§ **Instructions to follow**
Which lines in the listing below contain the word "белый"? Copy each one.
=== Begin Enclosure ===
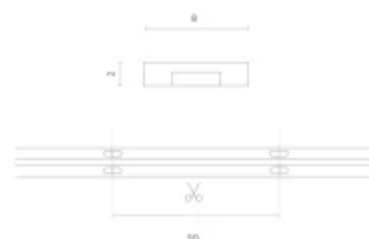

LED line PRIME

Symbol: 210912

EAN: 5905378210912

**LED pásek 320 COB 24V 3000K 8W IP20
8mm 5m 800lm/m PRIME**

Technické kreslení

Rozložení světla

Další fotografie produktů

Logistická data

Individuální balení

Množství	5 m
Šířka	155 mm
Výška	15 mm
Délka	155 mm
Váhy	0,123 kg

Hromadné balení

Množství	40
Šířka	320 mm
Výška	180 mm
Délka	360 mm
Váhy	5,54 kg

Europaleta

Množství	60
Množství: Euro paleta	2400
Váhy	360 kg
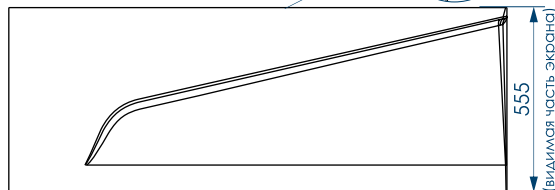

Улучшенный вариант
крепления ванны к бортам
экрана

СХЕМА ВАННЫ НА КАРКАСЕ JAZZ (левая)

Фронтально-боковая панель
вид спереди
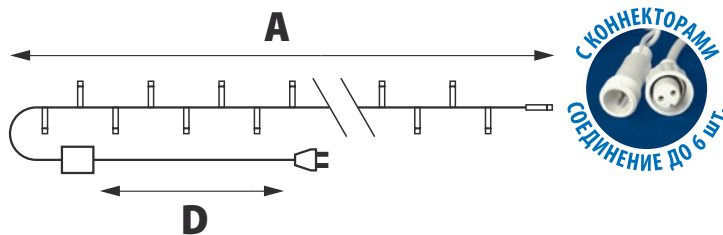

ГИРЛЯНДЫ

ЧТО МОЖНО
УКРАСИТЬ:

ЧЕРНЫЙ ПРОВОД КАУЧУК

IP67

180-220
В~

50000
ЧАСОВ
СЛУЖБЫ

+35°
-30°

Модель	Код	Цвет свечения	Длина (А)	Количество светодиодов	Высота ёлки, см	Длина провода питания (D)	Тип свечения
ULD-S1000	UL-00003942	синий	10	120	180	1,5	режим мерцания*
	UL-00003943	разноцветный	10	120	180	1,5	
	UL-00003941	теплый белый	10	120	180	1,5	
	UL-00003944	белый	10	120	180	1,5	

* Каждый 5-й светодиод мигает, остальные светят статически
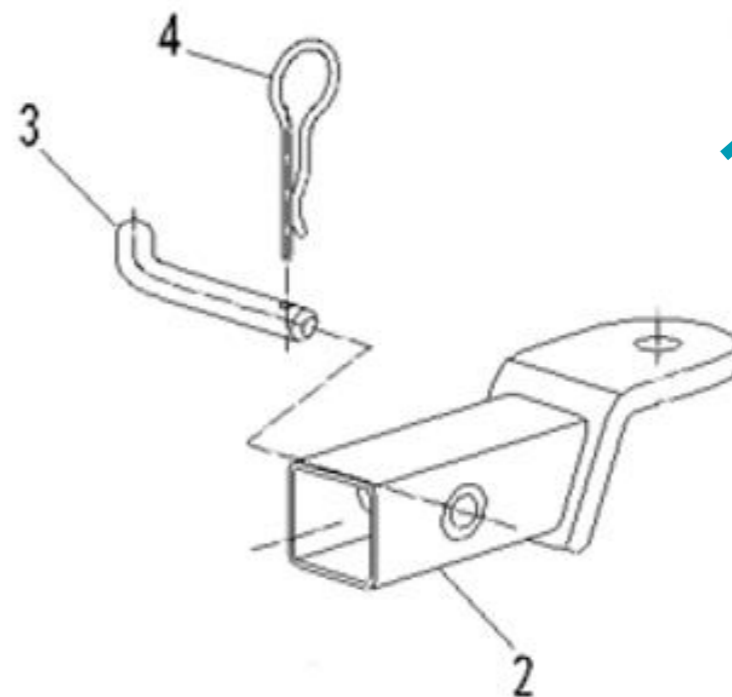

Акcesуари до квадроцикла CFORCE 450

Подорожуйте більше разом

Універсальні
деталі

Найменування товару:

Комплект фаркопа (136мм)

Код товару:

7000-808100

№ п/п	Код деталі	Part Name	НАЗВА	К-ть	Примітка
2	7000-400120	TUBE, TRAILER	ЗЧІПНИЙ ПРИСТРІЙ, ПРИЧІП	1	
3	9010-400103	PIN SHAFT	ПАЛЕЦЬ	1	
4	9010-400102-10000	COTTER PIN,BRACKET	ШТИФТ, СКОБА	1	
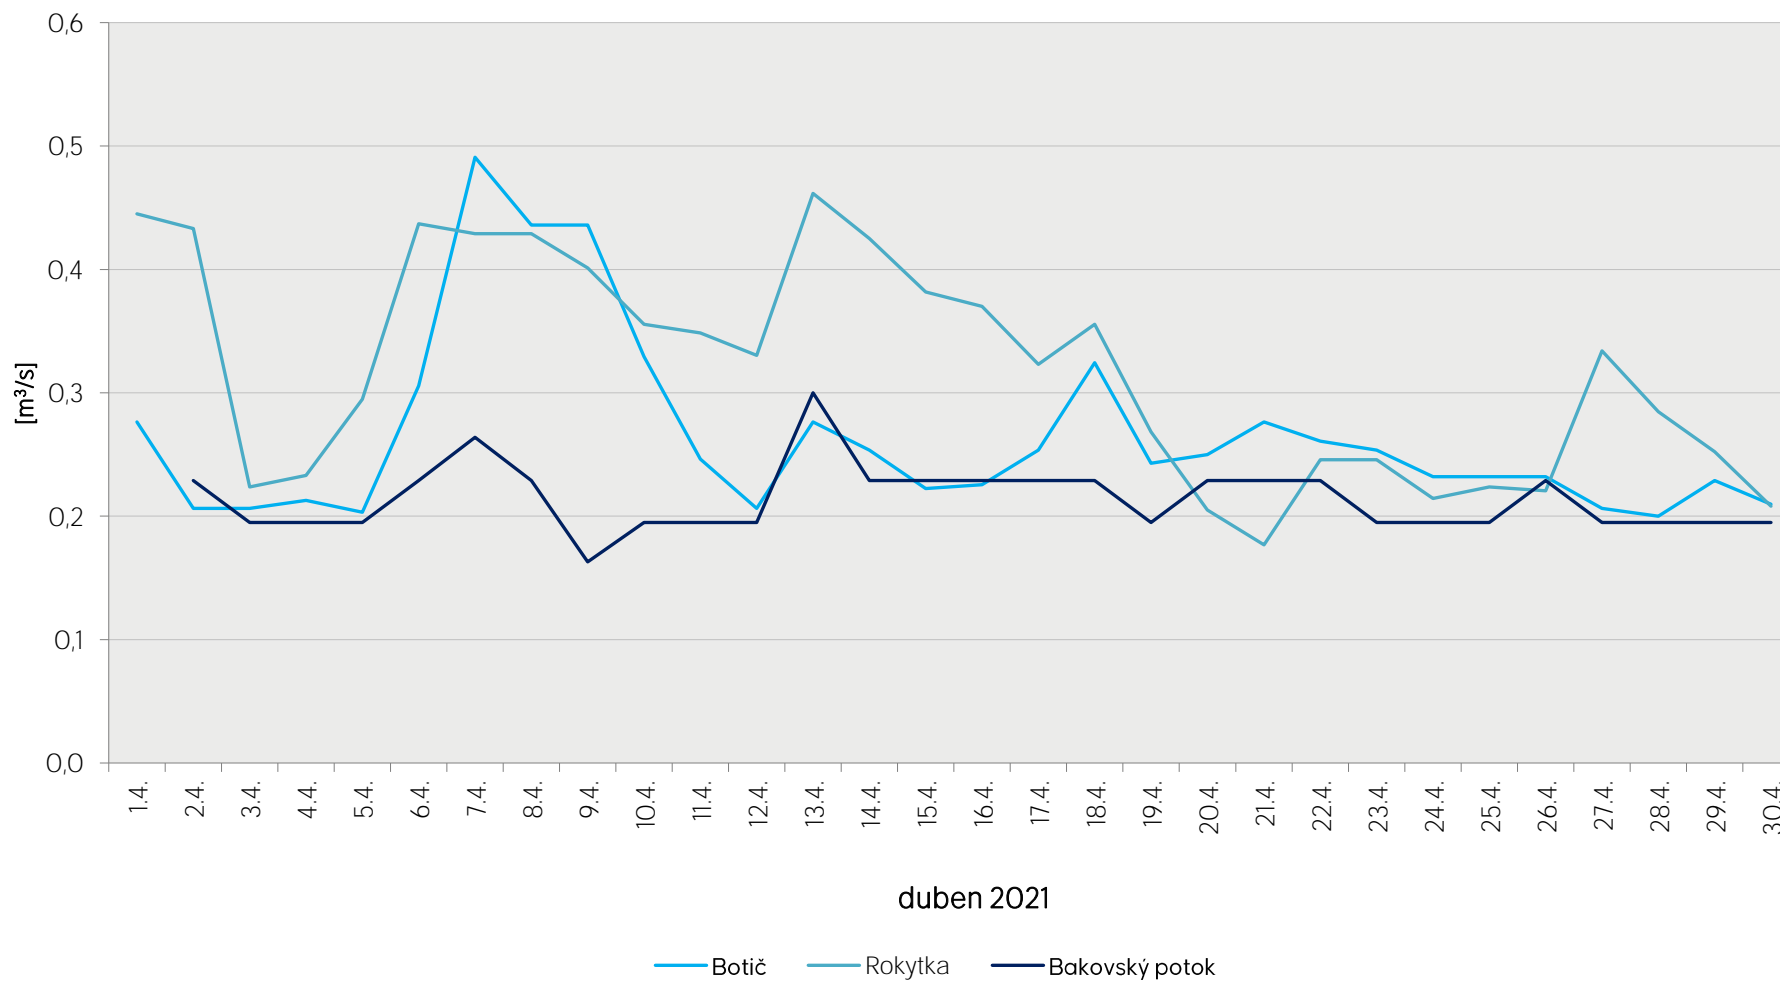

Denní průtoky vody k 7. hodině ranní na limnigrafických stanicích v povodí

Data poskytuje Povodí Vltavy, státní podnik
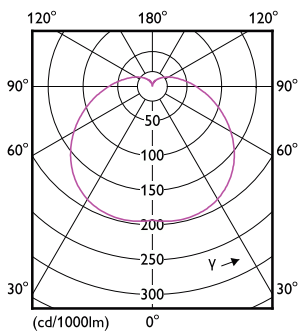

Målskitse

Product	D	C
CorePro LEDbulb ND 13-100W A60 E27 830	60 mm	120 mm

Fotometriske data

Light Distribution Diagram

Spectral Power Distribution Colour

CorePro LEDbulb

Fotometriske data

Technical Parameters 43 Philips Lighting B.V. Page 11
=== End Enclosure ===
§ **Exercise output**
	UL-00003941	теплый белый	10	120	180	1,5	
	UL-00003944	белый	10	120	180	1,5	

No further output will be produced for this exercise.